The miracle of Lucia has affected all of us who were close to her. We have been brought to serious introspection. Our own trials have lost their appeal for self‐pity. And we have been raised from inward fall as we have sought to lessen her burden. On the wall of the hospice where she spent her last moments is written: “With every death we may not see any rewards. But there is one. People grow closer through love, warmth, and caring. This cannot be bought. Only given.” Lucia has given us that priceless gift.
There is another miracle of Lucia. One that transcends all others. One that literally defines God and those who would be one with Him. Lu loved everyone. She did not have a negative thing to say about anybody. A Godly gift of compassion that she claimed to have received from her own loving mother. The limitless breadth and depth of her love was demonstrated in her feelings about the man who was solely responsible for this great trial and tragedy in her life—her husband Richard.
“What is it really like to give of charity, the pure love of Christ?” That was the question she asked as she reflected back on the last time she saw her husband before he died. He was comatose and had shrunk to the skin and bones that is the inevitable result of AIDS. Unlike Lucia, his last days had been sheer agony. No peace, only pain. No solace, only distress and anxiety.
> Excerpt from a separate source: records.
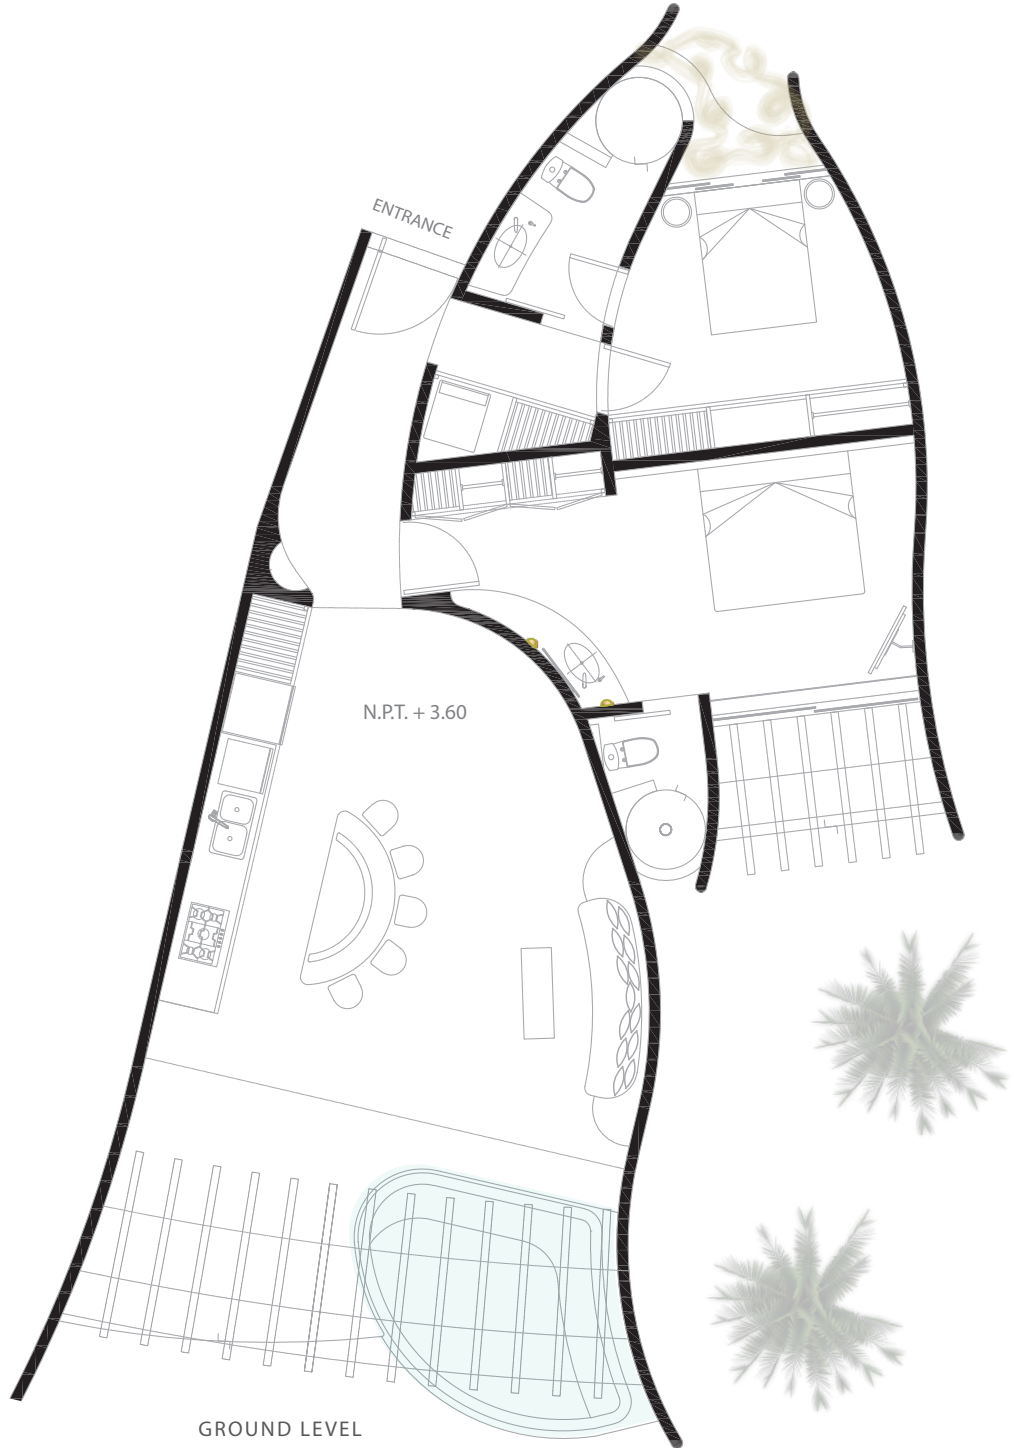

# Punta Majahua

IN BUILDING

IN MASTERPLAN

SOFIA

S - 3

m <sup>2</sup>	ft <sup>2</sup>
119 m <sup>2</sup>	1281 ft <sup>2</sup>

esc 1.100

preliminary plan subject to change\*

Speaking of charity, she continued. “I felt it stronger than ever that night. We took our positions on each side of his bed and had prepared ourselves to give it all we had, for we were sure it was his last night. We sang to him peaceful hymns to comfort his soul. We read him scriptures. But more than anything that night, I needed to talk to him. As I held his hand I said, ‘Dick, if you love me, squeeze my hand.’ For the first time in nine days I felt a manifestation of life. He feebly squeezed my hand. ‘Oh, God in heaven, he can hear me. He squeezed my hand,’ I shouted. Now it was my responsibility to tell him some important last words.”
What would have been the last words that you or I would have said if we were talking to one who had been unfaithful to us? One who had ruined our life by giving us AIDS? One who would make our daughter an orphan? Here is what Lu said: “Dick, now that I know you can hear me, I want you to know that I’m not mad for what happened. I’ll never be mad.
“You know I still love you and wished you didn’t have to go through this. Seek the Church, Dick. Please remember to seek the missionaries to teach you, because you don’t understand. Please let go now. You’ll be better on the other side.”
Her lack of bitterness, and her complete forgiving of and undeviating compassion for this man who merited her wrath and scorn, was as great a miracle as I have witnessed.
A few months ago, Lucia’s close friend Kitty Billings asked her, “If you had it to do over again, would you be willing to go through the trials you have had, to learn the things you have learned?”
Without a pause, Lucia replied, “I don’t like being ill. I’m a young woman. I love dancing and dating and all the things that every woman enjoys. More than anything, I want to have a happy marriage and raise my daughter. I didn’t ask for this disease, and I don’t want it. But yes, I would go through it all again. I like me as I now am!”